他走的時候忘了關窗戶了,不過此刻看來多虧他沒關窗戶,這屋子裏又是酒瓶又是吃剩的東西關上窗戶恐怕都不能進人了。
言恒這會兒實在太困了,他打了個電話給秘書發了地址,讓他找保潔公司來打掃一下就準備回房間睡覺倒時差了。
不過走到門口他突然頓住了,放下了自己房間的門把手,直接推開了一邊房間的門,那人的房間他有意保持著,還是原來的模樣。
隻不過這一次進去沒了之前的心酸和懷念,他知道顧寒就在他知道的地方等著他回去那,到了浴室衝了個澡,就把自己扔到了那張**。
還是那人從前身上的味道,我有些懷念,顧寒常住醫院身上難免都是藥味兒,不過沒關係,等他養好了身子出院就好了。
他給保潔和秘書留了門,就一個人睡到昏天黑地了,等再次醒來的時候天都已經黑了,這麽些天因為還要隔著時差處理國內的的事,他幾乎沒有睡過一個囫圇覺。
這次終於覺得好活過來了,饑餓感也跟著複蘇,正準備起來叫點吃的,就被電話鈴聲給驚了一下,一低頭發現是鄭雨那小子,接起了電話
“老大,你可算知道回來了,我在你家門口,快給我開門。”
言恒出去給他開門,剛要感歎一下這小子可算是當了一回及時雨,拯救了他的五髒廟就抬頭看見了一個怎麽想也不應該出現在這的人。

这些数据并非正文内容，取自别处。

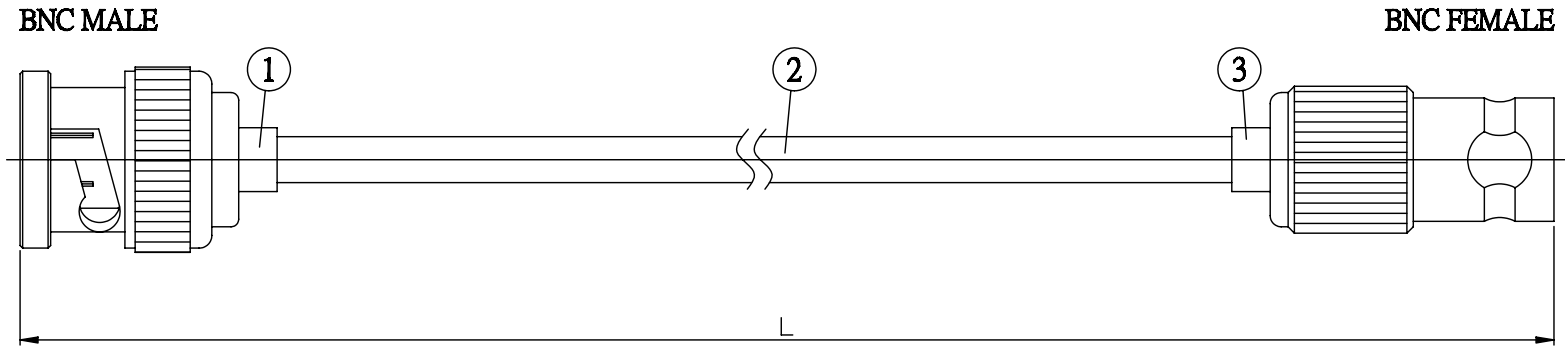

NO.	COMPONENTS	IMPEDANCE
1	BNC MALE	50 OHM
2	.141" HANDBENDABLE CABLE (= JYEBAO P/N .141SRF-W-P-50)	50 OHM
3	BNC FEMALE	50 OHM

JYE BAO P/N	L CM (INCH)
B30B80-141S-15	15 (5.906)
B30B80-141S-30	30 (11.811)
B30B80-141S-50	50 (19.685)
B30B80-141S-100	100 (39.370)
B30B80-141S-150	150 (59.055)
B30B80-141S-200	200 (78.740)
B30B80-141S-XXX	CUSTOM LENGTH IN CM

LENGTH TOLERANCE IS $\pm 1.5\%$ OR $\pm 10\text{MM}$, WHICHEVER IS GREATER.	JYE BAO CO., LTD. TAIPEI TAIWAN
	<small>DESCRIPTION</small> CABLE ASSEMBLY BNC PLUG TO BNC JACK
	<small>JYE BAO DRAWING NO.</small> B30B80-141S-XXX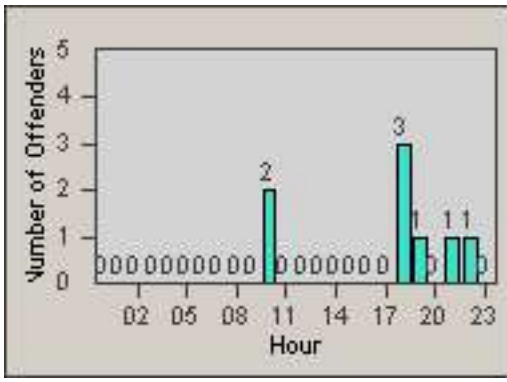

Redflex Redlight Offender Statistics

CONTRACT: Commerce
DATE FROM: 01-Dec-2014

LOCATION: COM-TEGA-01 Garfield and Telegraph
DATE TO: 31-Dec-2014

LANE 1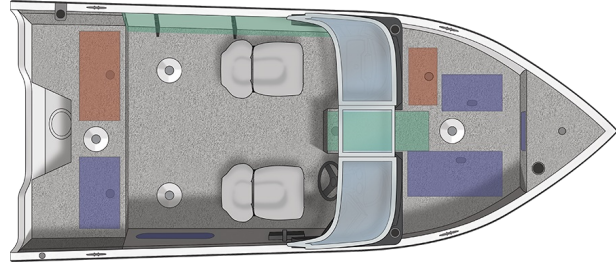

1650 Fish Hawk Walk-through

Specs

GENERAL

		1650 FISH HAWK WALK-THROUGH	
Overall Length	16' 9"		5.11 m
Boat/Motor/Trailer Length	19' 7"		5.97 m
Boat/Motor/Trailer Width	7' 6"		2.29 m
Boat/Motor/Trailer Height	6' 7"		2.01 m
Beam	86.5"		220 cm
Chine Width	72"		183 cm
Max Depth	40.5"		103 cm
Max Cockpit Depth	23.5"		60 cm
Transom Height	25"		64 cm
Deadrise	12°		
Weight (Boat only, dry)	1,230#		558 kg
Max Weight Capacity	1,500#		680 kg
Max Person Capacity	6		
Max HP Capacity	115		
Fuel Capacity	20 gal.		76 L
Aluminum Gauge Bottom	0.090"		
Aluminum Gauge Sides	0.080"		
Aluminum Gauge Transom	0.125"		

HULL

Aluminum gauge bottom	0.090"
Aluminum gauge sides	0.080"
Aluminum gauge transom	0.125"

Features

CONSOLE/INSTRUMENTATION

Console, starboard, lit toggle switches, 2 drink holders, 12V outlet

Console, port, lockable glove box, 2 drink holders & USB port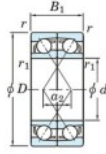

Deep groove ball bearing single row 7060-BDF-FY-JTEKT - 7060-BDF-FY-JTEKT

<https://www.123bearing.com/bearing-housing/deep-groove-bearing/single-row/7060-bdf-fy-jtekt>

Boundary dimensions

Angular ball bearings Face to face (DF)

Bearing No.	Boundary dimensions(mm)					Basic load ratings(kN)		Fatigue load factor		Limiting speeds(min-1)
	d	D	B	r1(min)	r1(max)	C ₀	C _{0R}	C ₀	f ₀	Grease lub.
7060BDF FY	300	460	148	4	-	776	1230	32.5	-	770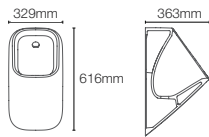

Must order: Urinal sensor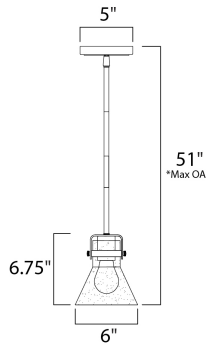

*max overall height

MEASUREMENTS

DIMENSION : 6" L x 6" W x 6.75" H
 MAX OAH : 51" OAH
 HANGING WEIGHT : 3.5 lb
 WIRE LENGTH : 120"

LAMPING

INPUT VOLTAGE : 120V
 BULB : 1 x 6W LED E26 Medium , 6W Total
 BULB INCLUDED : (Included)
 DIMMABLE : Yes
 COLOR_TEMP : 2200K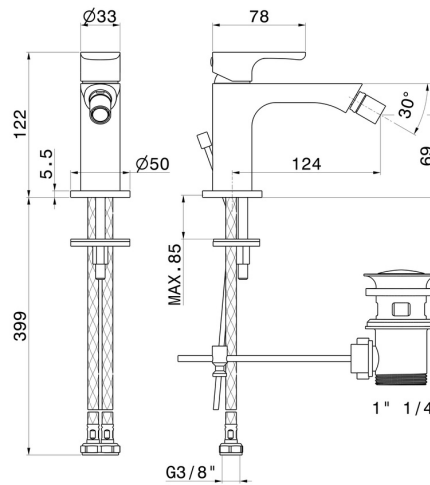

LINFA II

69425.M0.075

Single lever bidet mixer - finish Copper Glossy

FEATURES

- | | |
|-------------------|-----------------------|
| Material | Brass |
| Technology | Save Water |
| Installation | Freestanding |
| Hole type | Single hole |
| Control type | Single lever |
| Waste / Drain set | With waste set |
| Water mixing | Mechanical |

TECHNICAL DRAWING

 **AR Preview**
try it in your home

More Details
on our [website](#)

LINFA II

69425.M0.075

Single lever bidet mixer - finish Copper Glossy

AVAILABLE FINISHES

M0.075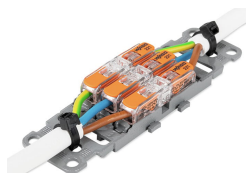

Strain relief

3-pole mounting carrier with strain relief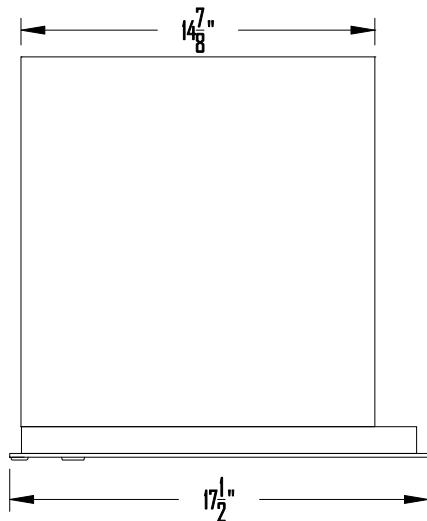

SIDE VIEW

TOP VIEW

ZB GLOBAL INC.							
DRAWING NO. 2B-USPS-S3-STD-01				DRAWING TITLE: Horizontal Mailboxes - Std 4C FRONT LOADER, SINGLE MASTER DOOR			
DATE	17 SEP. 2007			REVISION NO.	0	SHEET	1 OF 1
SCALE	1:8	SIZE	A4				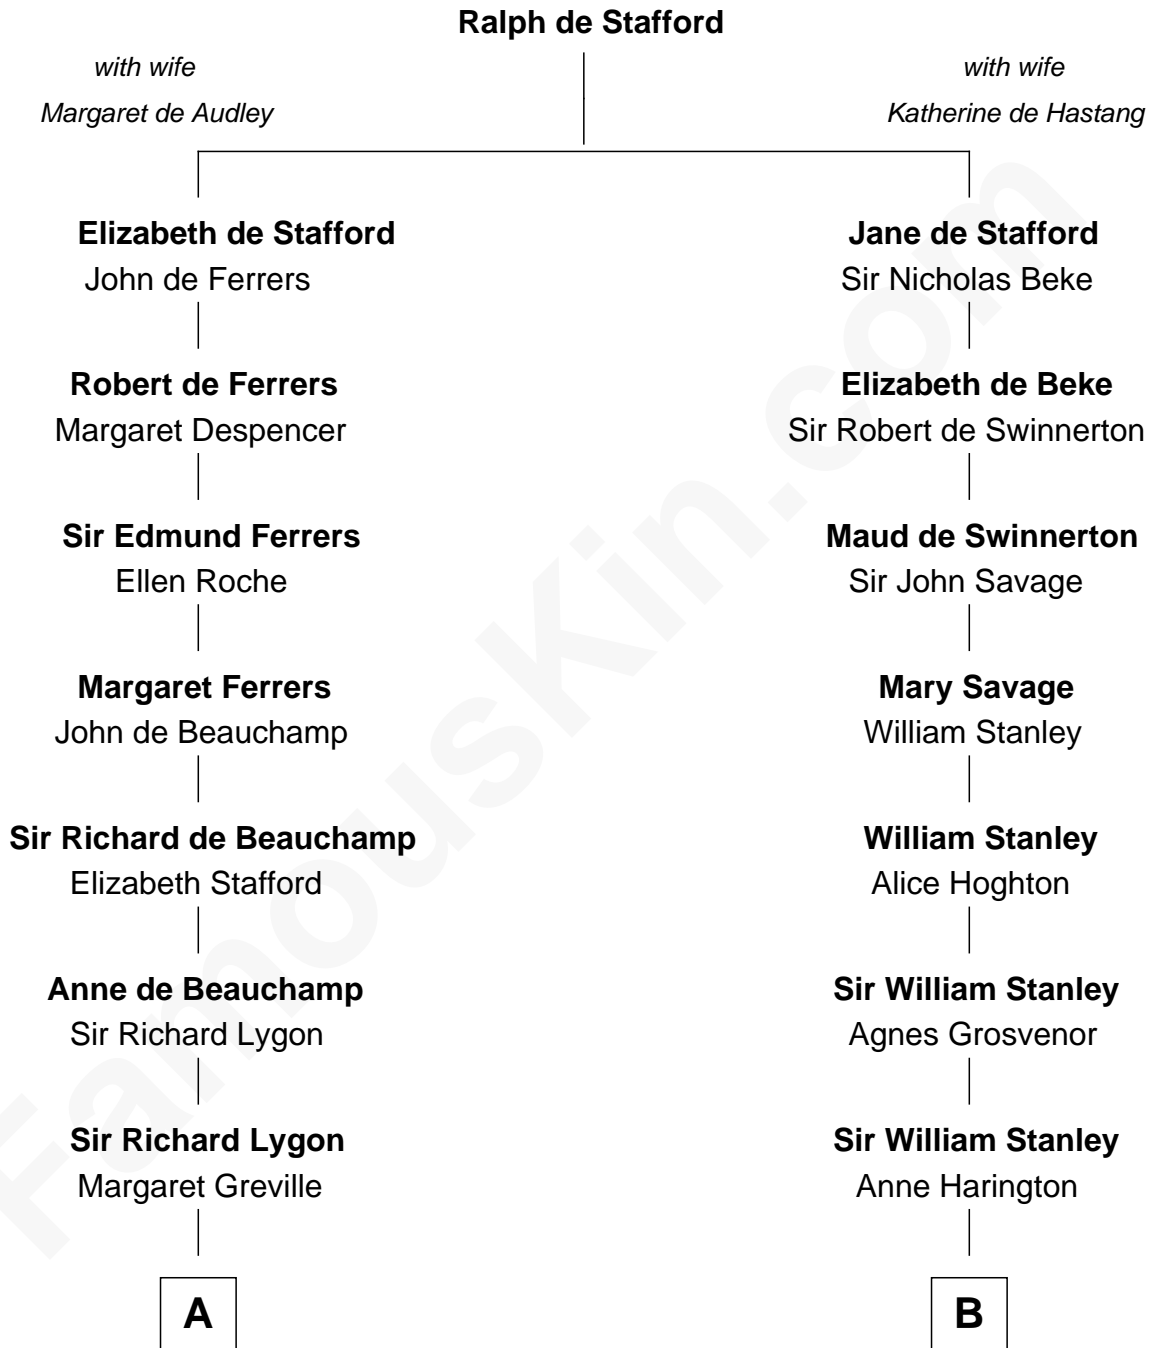

FamousKin.com Relationship Chart of

James Taylor

Singer-Songwriter

13th cousin 8 times removed of

Richard Henry Lee

Signer of the Declaration of Independence

C

Eliza Ann Buffum
Granville Hall Leonard

Emily Roxanna Leonard
Stanford Lyman Haynes

Theodosia Haynes
Alexander Taylor

Dr. Isaac Montrose Taylor
Gertrude Arline Woodard

James Taylor
Singer-Songwriter

FamousKin.com

一個一身深灰色大衣舉著雨傘的人正站在鄭雨的後麵,是張景科?他怎麽在這?
“我和張部長是在小區門口碰到的,我不知道具體的位置,還是他帶我過來的。”
這幾年言恒和顧寒住在一起的事被他瞞的死死的,就連跟他關係很鐵的鄭雨都隻是知道他住在哪個小區而不知道具體的位置,方才若不是將位置發給秘書,就是秘書也不知道他家在哪。